Activity: The answer is a stretch of the material below, returned exactly: the line containing "Comunidade Menino Jesus - Jovem Teu", the line containing "Bb F Gm7 C F", and all lines between.

++++

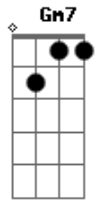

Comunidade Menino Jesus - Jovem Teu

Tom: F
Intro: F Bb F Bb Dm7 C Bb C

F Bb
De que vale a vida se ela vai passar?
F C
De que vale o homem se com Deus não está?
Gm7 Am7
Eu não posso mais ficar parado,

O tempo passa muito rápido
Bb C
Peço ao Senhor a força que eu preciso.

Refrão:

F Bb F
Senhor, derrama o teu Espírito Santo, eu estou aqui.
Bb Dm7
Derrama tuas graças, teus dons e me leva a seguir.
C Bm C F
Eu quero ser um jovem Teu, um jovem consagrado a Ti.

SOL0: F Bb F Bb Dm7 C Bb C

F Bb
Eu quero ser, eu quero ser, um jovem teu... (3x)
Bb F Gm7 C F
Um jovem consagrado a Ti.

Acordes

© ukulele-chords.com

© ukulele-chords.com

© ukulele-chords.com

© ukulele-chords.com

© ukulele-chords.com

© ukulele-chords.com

++++

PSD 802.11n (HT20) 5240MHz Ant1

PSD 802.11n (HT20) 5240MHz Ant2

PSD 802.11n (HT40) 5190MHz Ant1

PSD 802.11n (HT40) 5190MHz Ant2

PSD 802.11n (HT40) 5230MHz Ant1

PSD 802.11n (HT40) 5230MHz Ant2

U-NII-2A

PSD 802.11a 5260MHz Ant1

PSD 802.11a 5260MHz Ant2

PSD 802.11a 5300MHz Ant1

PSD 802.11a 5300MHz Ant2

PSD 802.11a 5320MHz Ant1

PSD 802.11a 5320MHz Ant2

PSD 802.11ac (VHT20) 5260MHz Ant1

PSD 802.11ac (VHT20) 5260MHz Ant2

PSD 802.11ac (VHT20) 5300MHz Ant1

++++

Response:
Comunidade Menino Jesus - Jovem Teu

Tom: F
Intro: F Bb F Bb Dm7 C Bb C

F Bb
De que vale a vida se ela vai passar?
F C
De que vale o homem se com Deus não está?
Gm7 Am7
Eu não posso mais ficar parado,

O tempo passa muito rápido
Bb C
Peço ao Senhor a força que eu preciso.

Refrão:

F Bb F
Senhor, derrama o teu Espírito Santo, eu estou aqui.
Bb Dm7
Derrama tuas graças, teus dons e me leva a seguir.
C Bm C F
Eu quero ser um jovem Teu, um jovem consagrado a Ti.

SOL0: F Bb F Bb Dm7 C Bb C

F Bb
Eu quero ser, eu quero ser, um jovem teu... (3x)
Bb F Gm7 C F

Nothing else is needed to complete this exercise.